The third pipeline 23-3 is provided with two third switch valves 12-3, namely a third switch valve 12-3E and a third switch valve 12-3F, that is to say, two third switch valves 12-3 are arranged below the discharging end of the primary gas-powder spiral separator 12, the two third switch valves 12-3 are positioned at the top of the mixing tank 3, and the control mechanism can ensure that powder separated by the primary gas-powder spiral separator 12 is returned to the mixing tank 3 at intervals under the condition that the mixer is not stopped by controlling the switching sequence and the switching state of the third switch valves 12-3E and the third switch valve 12-3F, and indirectly control the speed of the discharging end of the primary gas-powder spiral separator 12 to the inside of the mixing tank 3, and can also quantitatively discharge powder. And the two third switch valves 12-3 can prevent the gas in the mixing tank 3 from entering the primary gas-powder spiral separator 12 from the bottom of the primary gas-powder spiral separator 12, so that the function of the primary gas-powder spiral separator 12 is prevented from being influenced.

A seventh pipeline 23-7 is further arranged between the fourth pipeline 23-4 and the sixth pipeline 23-6, and two ends of the seventh pipeline 23-7 are respectively communicated with the fourth pipeline 23-4 and the sixth pipeline 23-6; the fourth pipeline 23-4 is provided with an exhaust valve 19 (for exhausting oxygen in the circulating pipeline and the components such as the mixing tank 3, the gas-powder separation mechanism, the cooling mechanism, the air blowing mechanism and the like, so that the whole mixer works under the state of being full of nitrogen), a safety relief valve 20 (for protecting the pressure in each component and the circulating pipeline from unexpected occurrence) and a supplementary external nitrogen valve 24 (for supplementing external nitrogen to the circulating pipeline), the seventh pipeline 23-7 is provided with a manual butterfly valve 28, the manual butterfly valve 28 is used for controlling the on-off or opening amplitude of the seventh pipeline 23-7, the pressure difference between the fourth pipeline 23-4 and the sixth pipeline 23-6 can be adjusted, the manual butterfly valve 28 can be opened when the pressure value difference between the first pressure sensor and the second pressure sensor 29 is large, the pressure value difference can be reduced, and the manual butterfly valve 28 can be closed when the pressure value difference is within the safety range.
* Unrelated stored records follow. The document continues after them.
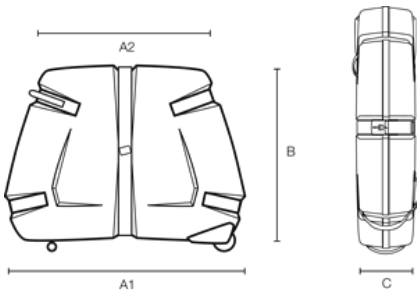

B&W BIKE.BOX II

Artikelnummer: 96500

4 Leichtlaufrollen
(2x 360° drehbar,
2x fest)

abnehmbare
Deckelschale

abschließbar mit
TSA Schloss

selbstspannendes
Gurtsystem

A (A1): **1190 mm**

B: **890 mm**

C: **295 mm**

A (A1) innen: **1150 mm**

B innen: **810 mm**

C innen: **280 mm**

D (Deckel) innen: **mm**

E (Boden) innen: **mm**

Produkteigenschaften

Laufgradgröße	26" 27,5" 28" 29"
Produktgruppe	#bike.cases
Material	ABS
Mountainbikes	Hardtail (Rahmengröße ≤ 46 cm)
Renn- & Triathlonräder	Rahmengröße ≤ 62 cm

The first, second, and third pressure sensors may employ barometers of model PSE 533-M5.

The sixth pipeline 23-6 is provided with an oxygen content sensor 5 (for detecting the oxygen content of the gas entering the first gas source distribution cylinder 6), a second temperature sensor 4 (for detecting the temperature value of the gas entering the first gas source distribution cylinder 6) and a second pressure sensor 29 (for detecting the air pressure value entering the first gas source distribution cylinder 6, ensuring that the gas entering the first gas source distribution cylinder 6 is maintained in a high pressure state and ensuring the strength of the gas nozzle 8 injecting the gas into the mixing tank 3). The oxygen content sensor 5, such as an oxygen content meter or an oxygen analyzer, model HT-LA428.
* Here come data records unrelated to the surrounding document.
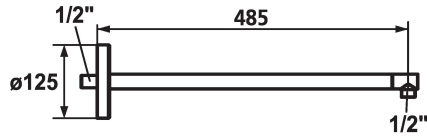

KWC SHOWERCULTURE

Braccio doccia

Modell-Linie: **SHOWERCULTURE | 26.000.812.000**

Rubinerie per doccia | Rubinerie per doccia

KWC-No.

122520

chromeline, L 485

* Braccio doccia
- con rosetta

adatto per tutti i soffioni a snodo KWC
* Filettatura raccordo 1/2"

Dati tecnici

Diametro

D125

Codice colore

chromeline

Tipo di rubinetto

19

Dimensione lunghezza

L485

Materiale

MESSING

teamNumber

727928.502

sanitasTroeschNumber

6545 127.501

The air outlet 13 of the mixing tank 3 is provided with a first temperature sensor 14 for detecting the temperature value of the air coming out of the air outlet 13 of the mixing tank 3. The first temperature sensor 14 and the second temperature sensor 4 may employ a temperature measuring instrument model SBWZ246 PM/K230.

The powder outlet port 26 at the bottom of the mixing tank 3 is connected with the powder receiving tank 10, so that powder in the mixing tank 3 falls into the powder receiving tank 10, the powder receiving tank 10 is arranged on the weighing system 11 (such as a wagon balance), the weighing system 11 is used for detecting the whole weight of the powder receiving tank 10, and the weight of the powder in the powder receiving tank 10 is observed, so that the quantitative loading purpose in the powder receiving tank 10 is realized.

The powder outlet port 26 at the bottom of the mixing tank 3 is provided with two second switch valves 3-2, namely a second switch valve 3-2C and a second switch valve 3-2D, so that under the condition that the NdFeB magnetic powder mixer does not stop running, the control mechanism controls the switching sequence and the switching state of the second switch valve 3-2C and the second switch valve 3-2D, mixed NdFeB magnetic powder in the mixing tank 3 is loaded and unloaded in the powder receiving tank 10, and the quantitative loading of powder in the powder receiving tank 10 can be realized through the arrangement of the two second switch valves 3-2, and the quantitative loading purpose of the powder in the powder receiving tank 10 is realized through the cooperation of the weighing system 11.

The fourth switch valve 2-4 is arranged on the powder inlet port 2, when powder does not need to be fed into the mixing tank 3, the powder inlet port 2 is closed through the fourth switch valve 2-4, so that the gas circulation in the mixer is ensured not to be influenced by the outside, the gas leakage of the powder inlet port 2 is avoided, and the gas pressure in the internal mixing tank 3 is ensured to be stable.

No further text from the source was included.